Two years after their marriage, and now living at Taree, Dot and Guy’s happiness was shattered when her pregnancy resulted in her giving birth to a stillborn boy. Dot was unable to have further pregnancies, which further added to their despair. This terrible experience, I believed, had a life-long effect on Dot. Consequently Guy became very protective of her and spoilt her in any way he could.
No doubt living and working in town, for a bushman such as he, was foreign to his previous way of life and Guy found it difficult. One day at smoko at the milk factory a fellow worker and a person of dubious character, Bill Algie, ‘accidentally’ spilt some boiling water on Guy. The scalded man reacted in the way he knew best by punching and knocking the troublemaker to the floor. They were both given the sack, however Guy was offered his position back when management knew the full story, but Guy had had enough. It was his opportunity to break with this unfamiliar scene of domesticity he no doubt felt obliged to follow as a young provider for a family, a family that could no longer expand beyond husband and wife.
Guy went back to the land, becoming a share farmer at Wherrol Flat out beyond Wingham. That area was reasonably isolated in those days and during times of heavy rain the milk cans would have to be cabled high above the swollen creeks by means of what was known as a flying fox. Motor vehicles had difficulty in reaching the farm as the roads were very rough and the creek at the bottom of the hill on which the modest weatherboard house stood was a challenge to both driver and car. On one occasion my father’s work utility become caught half-way across the creek. My young brother Denis, Mum and I followed Dad, stepping through the moderately flowing knee-deep water and slippery rocks to the bank. We climbed up the hill and sought Guy’s assistance to extricate the immobile automobile. Both men freed the wheels and track of the large rocks and Dad drove the ute out of the creek and up the hill to the house.
When the Priors first moved out to the farm they found they had inherited a few white cats. Though never allowed in the house they made home around it and often created a nuisance by climbing onto the corrugated iron roof during the night. Once when the ladies visited the little house, which was always outside, they threw pebbles on the roof and laughed at the men and children inside cursing the assumed feline culprits. When the real cats were on the roof they were difficult to frighten away as they were unable to hear. Apparently it was common for white cats to be deaf.
Dad was always keen to pot a rabbit or two when visiting the farm. On one occasion he shot one with his shotgun on a creek flat (level ground was scarce in that area) on the other side of the creek from the house. Unfortunately, the poor animal was only wounded and sped off with its last ounce of energy. It ran towards a large blackberry bush with six-feet-three inches of Chris Woodland after him. Always behind the shooter – Dad was ever safety conscious – I was hot in pursuit.
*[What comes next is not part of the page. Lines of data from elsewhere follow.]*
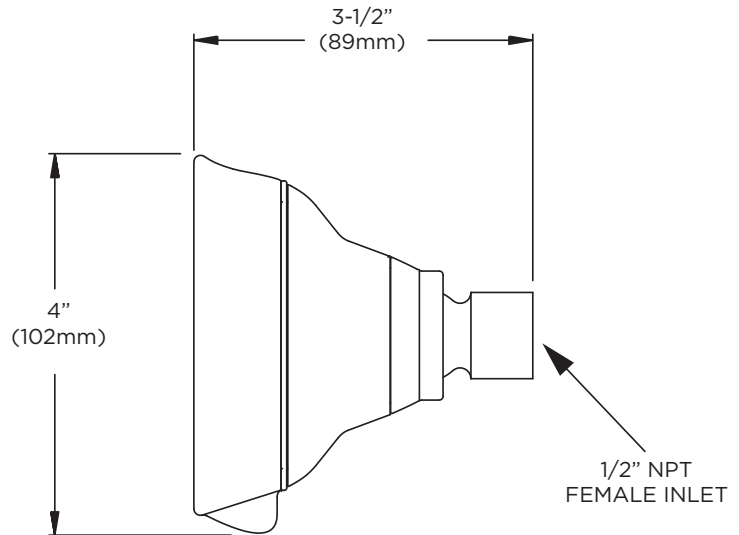

DIMENSIONS:

NOTE: 1. All dimensions are in inches (millimeters) unless otherwise specified and are subject to change without notice.

Architect/Engineer Approval Space:

SPEAKMAN
400 ANCHOR MILL ROAD
NEW CASTLE, DE 19720

P: 800-537-2107
F: 800-977-2747
W: WWW.SPEAKMAN.COM
R: JUNE 2015
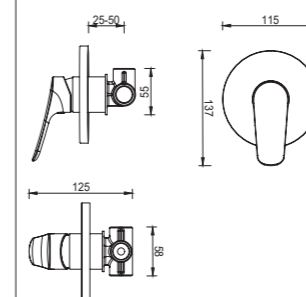

3076-22

3076 series, sleek and modern design

Single lever embedded shower mixer/ brass body, zinc handle / Ø35mm ceramic cartridge /surface treatment available with electro-plating, painting, electro-coating, PVD etc.
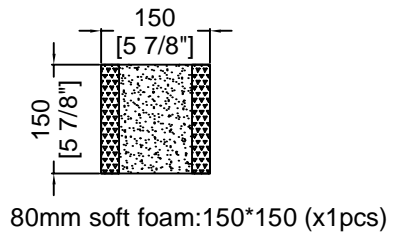

RRDJ2000W

PIONEER DJM2000:
16.9 in (W) x 16.1 in (D) x 4.3 in (H)

PIONEER CDJ2000:
12.6"W x 15.94"D x 4.19"H

TOP VIEW

BACK VIEW

FRONT VIEW

cable port

LEFT VIEW

RIGHT VIEW

		BY: ROAD READY CASES	
SKU : RRDJ2000W		UPC : NA	
APPROVAL SIGNATURE :		DATE :	
DRAWING DATE : 03 / 20 / 2010	SCALE : 1:8	DRAWING NUMBER : 1/2	REVISION : NA

RRDJ2000W

A-A VIEW

TOP VIEW OF COVER

B-B VIEW

C-C VIEW

EVA foam:
79*36*20mm (x2pcs)

TOP VIEW OF BASE

D-D VIEW E-E VIEW

SKU: RRDJ2000W BY: ROAD READY CASES
 UPC: NA

APPROVAL SIGNATURE: DATE:

DRAWING DATE : 03 / 20 / 2010	SCALE : 1:10	DRAWING NUMBER : 2/2	REVISION : NA
----------------------------------	-----------------	-------------------------	------------------

Dad was running into the late afternoon sun and next thing the most unexpected thing occurred and I saw him bounce back as though catapulted through the air, arms spread wide, holding his single-barrel 12 gauge Harrington and Richardson shotgun in one hand. He landed flat on his back as I noticed the fence wires that were difficult to see with the sun in one’s eyes. I dived between the wires and found the rabbit lying motionless on the edge of the blackberry bush. Had he expired a few feet further in he would have been unrecoverable.
Once when Guy dad in trying to pot a rabbit, he was carrying a common rifle at the time, a Lithgow Small Arms single-shot .22. He declared that he had a ‘six shooter’: One up the spout and five in his pocket.!
Chris, Denis and I crossed a little bridge over a creek on our way to the Wherrol Creek farm one day and Dad noticed a dead animal beside the road that had possibly met its demise by being hit by a motor vehicle. Bringing the ute to a stop Dad inspected the dead animal and found it to be a dingo. It was the first of my many sightings of the native dog through life and, by coincidence, it was at a stream bearing the name of Dingo Creek!
The life of a share farmer was a hard and poor paying one. The farmer worked the land for an absentee landholder and received little in return. In the late 1930s Dot and Guy told us that they received a mere £3 ($6) cheque for a month’s work. During the war the Australian Government assumed control of farm products bringing stability and better conditions and wages for many, including the dairy industry. Guy acknowledged their improved lifestyle was due to the Labor government, but said he could never vote for them as, ‘I am a country man’. He was a supporter of the Country Party, later to change its name to the National Party.